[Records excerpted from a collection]
•••••

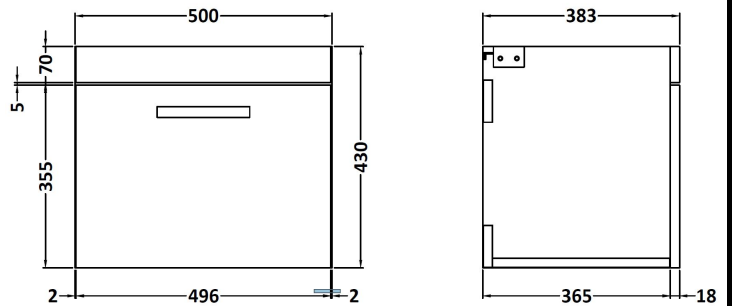

CUSTOMER DATA SHEET

DESCRIPTION:

500 Wh Single Drawer Vanity With Worktop

CUSTOMER DATA SHEET - FURNITURE

DESCRIPTION: 500 Wall Hung Single Drawer Basin Unit

PRODUCT DIMENSIONS

Height (mm)	Width (mm)	Depth (mm)	Nett Wgt Kg
430	500	383	13.2

PACKAGING DIMENSIONS

Height (mm)	Width (mm)	Depth (mm)	Gross Wgt Kg
405	520	450	13.2

PACKAGING DATA

Box Colour	Brown Cardboard Box		
Box Qty	1	Label Colour	White Label
Label Size	100 x 50	Label Qty	2

OUTER BOX DIMENSIONS (If Applicable)

CUSTOMER DATA SHEET - FURNITURE

DESCRIPTION: 500 Worktop (505X390x18mm)

PRODUCT DIMENSIONS

Height (mm)	Width (mm)	Depth (mm)	Nett Wgt Kg
18	505	390	0.55

PACKAGING DIMENSIONS

Height (mm)	Width (mm)	Depth (mm)	Gross Wgt Kg
555	555	555	0.55

PACKAGING DATA

Box Colour	Brown Cardboard Box		
Box Qty	1	Label Colour	White Label
Label Size	50 x 100	Label Qty	2

OUTER BOX DIMENSIONS (If Applicable)

Height (mm)	Width (mm)	Depth (mm)	Gross Wgt Kg

PRODUCT DETAILS

•••••

The data above must be written out again word for word, without its pictures.

CUSTOMER DATA SHEET

DESCRIPTION:

500 Wh Single Drawer Vanity With Worktop

CUSTOMER DATA SHEET - FURNITURE

DESCRIPTION: 500 Wall Hung Single Drawer Basin Unit

PRODUCT DIMENSIONS

Height (mm)	Width (mm)	Depth (mm)	Nett Wgt Kg
430	500	383	13.2

PACKAGING DIMENSIONS

Height (mm)	Width (mm)	Depth (mm)	Gross Wgt Kg
405	520	450	13.2

PACKAGING DATA

Box Colour	Brown Cardboard Box		
Box Qty	1	Label Colour	White Label
Label Size	100 x 50	Label Qty	2

OUTER BOX DIMENSIONS (If Applicable)

CUSTOMER DATA SHEET - FURNITURE

DESCRIPTION: 500 Worktop (505X390x18mm)

PRODUCT DIMENSIONS

Height (mm)	Width (mm)	Depth (mm)	Nett Wgt Kg
18	505	390	0.55

PACKAGING DIMENSIONS

Height (mm)	Width (mm)	Depth (mm)	Gross Wgt Kg
555	555	555	0.55

PACKAGING DATA

Box Colour	Brown Cardboard Box		
Box Qty	1	Label Colour	White Label
Label Size	50 x 100	Label Qty	2

OUTER BOX DIMENSIONS (If Applicable)

Height (mm)	Width (mm)	Depth (mm)	Gross Wgt Kg

PRODUCT DETAILS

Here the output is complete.